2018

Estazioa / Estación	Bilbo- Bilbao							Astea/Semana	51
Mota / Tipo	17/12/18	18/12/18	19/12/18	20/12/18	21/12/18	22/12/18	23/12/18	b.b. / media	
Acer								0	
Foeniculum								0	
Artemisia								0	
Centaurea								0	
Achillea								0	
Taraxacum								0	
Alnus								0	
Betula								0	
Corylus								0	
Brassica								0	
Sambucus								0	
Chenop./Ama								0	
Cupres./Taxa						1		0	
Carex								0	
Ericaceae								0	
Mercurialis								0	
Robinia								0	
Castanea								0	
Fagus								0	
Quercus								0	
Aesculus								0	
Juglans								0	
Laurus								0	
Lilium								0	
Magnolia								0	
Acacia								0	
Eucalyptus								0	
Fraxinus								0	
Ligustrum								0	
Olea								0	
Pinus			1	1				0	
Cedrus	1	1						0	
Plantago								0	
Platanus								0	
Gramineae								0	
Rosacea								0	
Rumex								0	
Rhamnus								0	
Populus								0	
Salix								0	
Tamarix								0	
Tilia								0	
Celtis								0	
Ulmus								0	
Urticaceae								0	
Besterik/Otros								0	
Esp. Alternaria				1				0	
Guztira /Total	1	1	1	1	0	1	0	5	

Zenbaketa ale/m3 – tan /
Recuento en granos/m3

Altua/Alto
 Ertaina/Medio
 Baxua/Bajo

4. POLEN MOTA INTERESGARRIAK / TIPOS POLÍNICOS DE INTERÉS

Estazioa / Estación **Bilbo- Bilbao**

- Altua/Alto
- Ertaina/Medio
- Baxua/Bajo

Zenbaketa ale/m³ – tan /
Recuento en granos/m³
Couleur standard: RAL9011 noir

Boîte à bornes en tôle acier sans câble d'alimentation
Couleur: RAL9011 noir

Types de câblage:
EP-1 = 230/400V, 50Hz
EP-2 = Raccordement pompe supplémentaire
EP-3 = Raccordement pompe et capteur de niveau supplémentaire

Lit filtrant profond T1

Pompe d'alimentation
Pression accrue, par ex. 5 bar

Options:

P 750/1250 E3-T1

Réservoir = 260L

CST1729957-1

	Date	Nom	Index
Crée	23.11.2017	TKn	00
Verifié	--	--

※ ※ ※

▶ **PROBLEM DETAILS**
Your output should consist only of the lines from the one containing "Pression accrue, par ex. 5 bar" to the end of the records above, each retyped exactly.

▶ **ANSWER SPACE**
Pression accrue, par ex. 5 bar

Options:

P 750/1250 E3-T1

Réservoir = 260L

CST1729957-1

	Date	Nom	Index
Crée	23.11.2017	TKn	00
Verifié	--	--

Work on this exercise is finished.